喜怒哀楽を感じさせるギターを弾いていきたいですね

仲道良(g)

サウンド・メイクの面で新しく発見できたことはありましたか?

 コロナ禍で配信ライブの機会をもらえて、自分の演奏をアーカイブで聴くことが増えたんですけど、“なんか音に立体感が足りない”って感じたことがけっこうあって。そこでYouTubeとかで色んなギタリストの音作りを調べてみたら、意外とディレイをかけっぱなしにしてる人がけっこう居たんですよね。それまで俺はドライな音で弾いているタイプだったんですけど、その発見をきっかけに、空間や奥行きを演出するためにディレイを使うようになりました。

今まではあまりディレイを使ってこなかったんですね。

 そうですね。

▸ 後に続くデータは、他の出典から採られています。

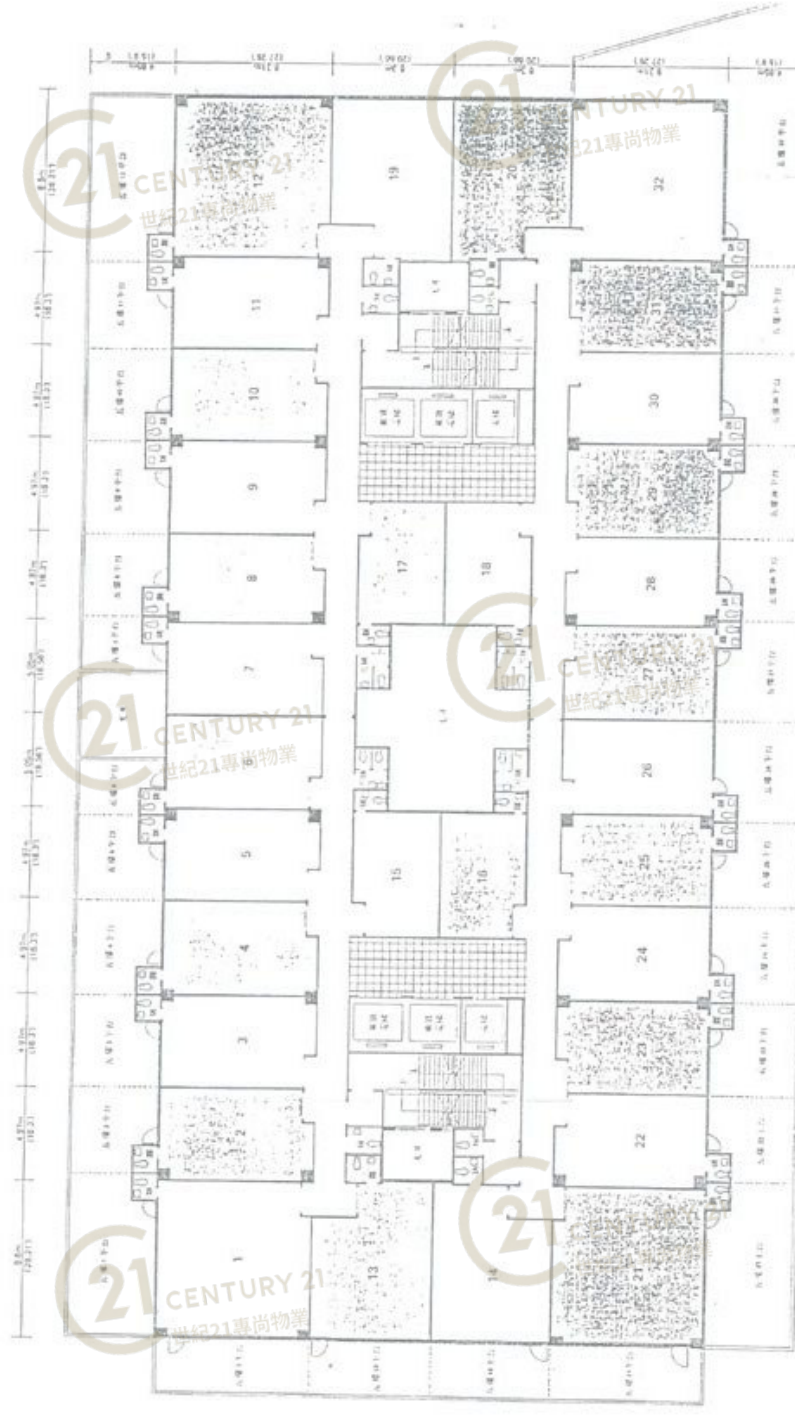

平面圖

Floor Plan

成運工業大廈 Sing Win Industrial Building

NOT TO SCALE, FOR IDENTIFICATION PURPOSE ONLY

中所有數據比例，一 作參考之用

平面圖

Floor Plan

三樓至四樓平面圖 3RD TO 4TH FLOOR PLAN

成運工業大廈 Sing Win Industrial Building

NOT TO SCALE, FOR IDENTIFICATION PURPOSE ONLY

中所有數據比例，一 作參考之用

平面圖

Floor Plan

五樓至十三樓平面圖 5TH TO 13TH FLOOR PLAN

向成業街

成運工業大廈 Sing Win Industrial Building

NOT TO SCALE, FOR IDENTIFICATION PURPOSE ONLY

中所有數據比例，一 作參考之用

平面圖

Floor Plan

NOT TO SCALE, FOR IDENTIFICATION PURPOSE ONLY

中所有數據比例，一 作參考之用

平面圖

Floor Plan

中所有數據比例，一 作參考之用

平面圖

Floor Plan

成運工業大廈 Sing Win Industrial Building

NOT TO SCALE, FOR IDENTIFICATION PURPOSE ONLY

中所有數據比例，一 作參考之用

リズムがはっきり聴こえるディレイはたまに使っていたんですけど、いわゆるアナログ・ディレイのような、滲んだ音色でうっすら掛けるっていう用途では使っていませんでした。音源も同様ですね。エンジニアさんがあとからこっそりプラグインで掛けてくれてたりっていうのは今までもあったと思うんですけど、今回は足下のペダルで掛けながら録ってみました。誰にも気づかれないくらい“うっすら”掛けてます(笑)。自分のエフェクター・ボードに入っているストライモンのTIMELINEや、フォックスギアーのECHOSEXを使いましたね。

これからは“ディレイ・ペダル沼”にハマってしまうかもしれないですね(笑)。

 本当に危ない……(笑)。沼だなあとは前から感じてましたよ。でもすでにディレイがうっすら掛かってないと寂しく感じてしまうようになっちゃいました(笑)。

仲道良/使用エフェクター
左から2番目が、仲道が今作で使用したフォックスギアーのECHOSEX BABY。
その他にもレコーディングで使用したエフェクターが並ぶ。

エフェクターの話が出たところで、歪みの作り方についても聞かせて下さい。

 今作のレコーディングではアンプとエフェクターの歪みを使い分けていますね。実は去年くらいまではアンプのドライブ・サウンドばかりを使ってたんですけど、音がどうしても滲み過ぎちゃったり、音の解像度がいまいち上がらないっていう壁に当たっちゃって……。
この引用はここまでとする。